**EXERCISE BRIEF**
Which lines of the data contain the string "Exterior"? Copy every one.

(Collected data)
++++
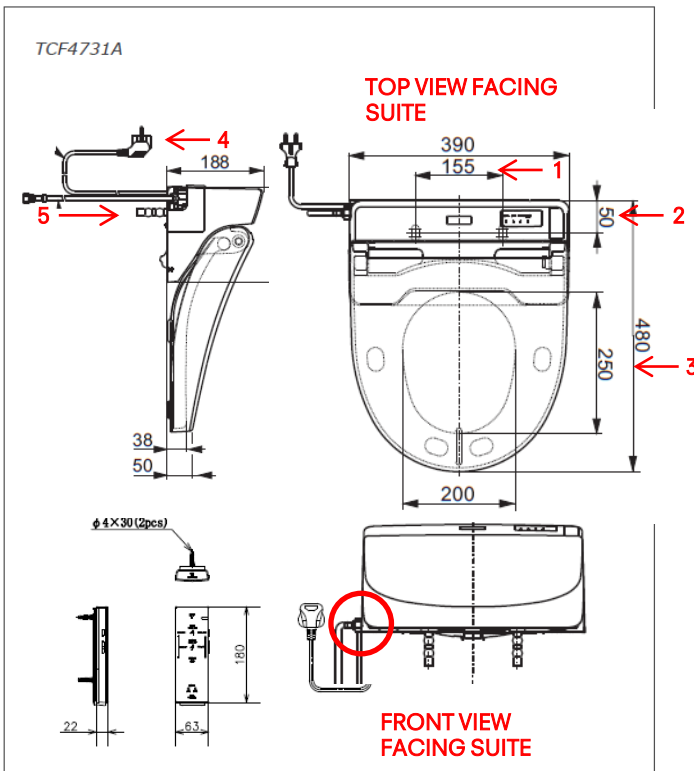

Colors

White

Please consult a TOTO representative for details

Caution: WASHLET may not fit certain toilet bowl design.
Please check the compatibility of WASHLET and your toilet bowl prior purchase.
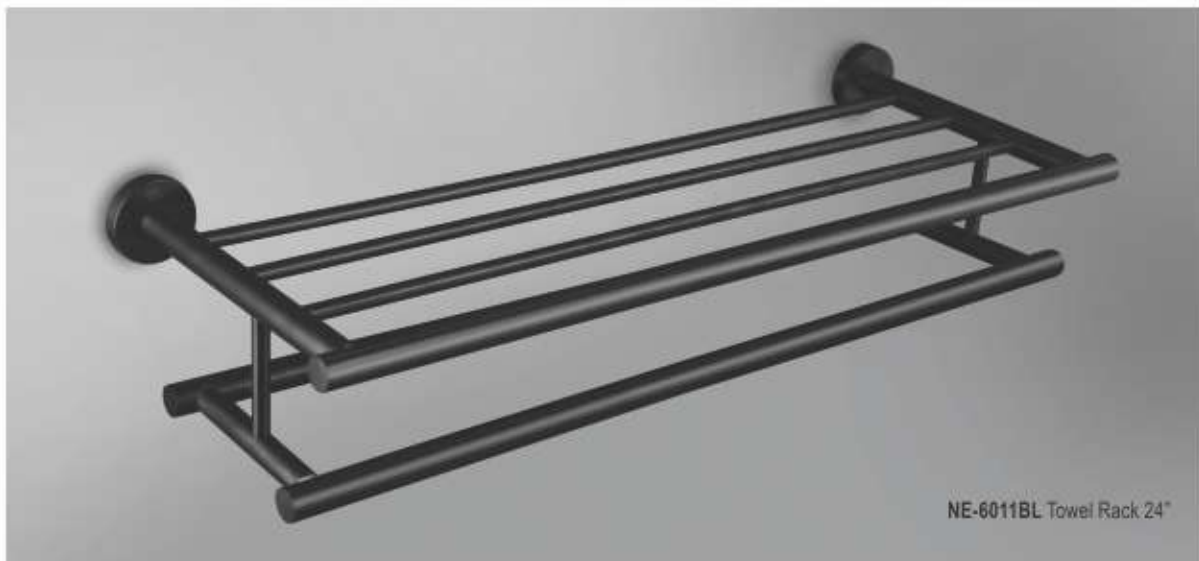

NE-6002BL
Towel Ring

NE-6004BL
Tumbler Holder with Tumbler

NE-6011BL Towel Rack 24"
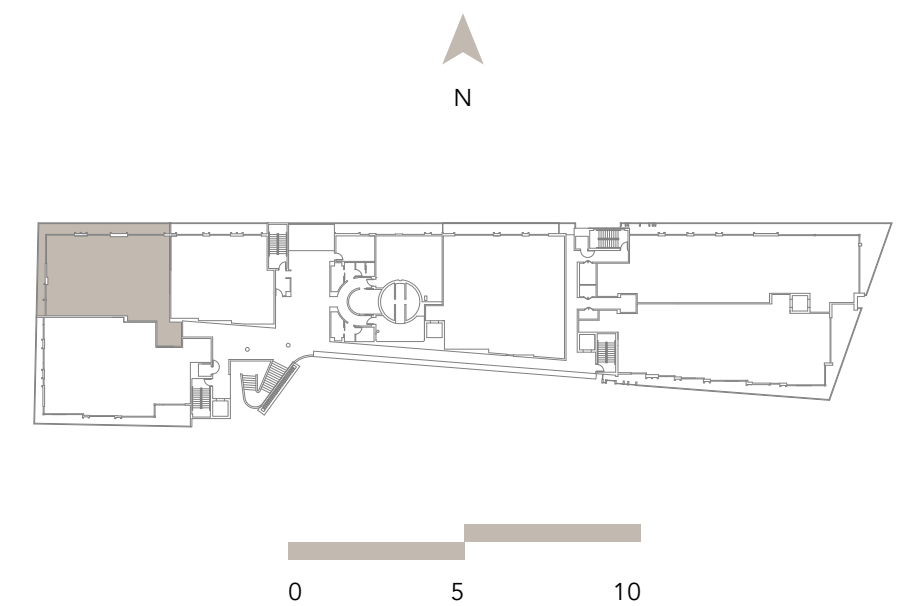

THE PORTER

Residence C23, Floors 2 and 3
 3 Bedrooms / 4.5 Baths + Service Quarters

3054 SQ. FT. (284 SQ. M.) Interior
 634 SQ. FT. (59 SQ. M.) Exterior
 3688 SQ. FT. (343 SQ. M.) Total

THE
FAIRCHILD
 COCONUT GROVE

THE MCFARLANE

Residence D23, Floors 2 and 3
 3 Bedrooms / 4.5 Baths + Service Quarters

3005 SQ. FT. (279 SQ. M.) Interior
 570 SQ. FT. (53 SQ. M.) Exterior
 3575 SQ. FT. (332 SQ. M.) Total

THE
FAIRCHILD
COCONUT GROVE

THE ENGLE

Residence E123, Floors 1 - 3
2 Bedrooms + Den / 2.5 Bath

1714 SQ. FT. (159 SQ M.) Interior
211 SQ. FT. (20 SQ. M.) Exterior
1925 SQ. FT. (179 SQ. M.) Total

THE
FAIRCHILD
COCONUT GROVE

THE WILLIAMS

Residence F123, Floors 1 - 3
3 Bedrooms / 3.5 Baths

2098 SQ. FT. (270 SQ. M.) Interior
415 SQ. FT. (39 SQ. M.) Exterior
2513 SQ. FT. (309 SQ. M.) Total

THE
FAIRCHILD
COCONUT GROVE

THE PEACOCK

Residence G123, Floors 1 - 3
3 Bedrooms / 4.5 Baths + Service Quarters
++++
**RESPONSE TO THIS TASK**
 634 SQ. FT. (59 SQ. M.) Exterior
 570 SQ. FT. (53 SQ. M.) Exterior
211 SQ. FT. (20 SQ. M.) Exterior
415 SQ. FT. (39 SQ. M.) Exterior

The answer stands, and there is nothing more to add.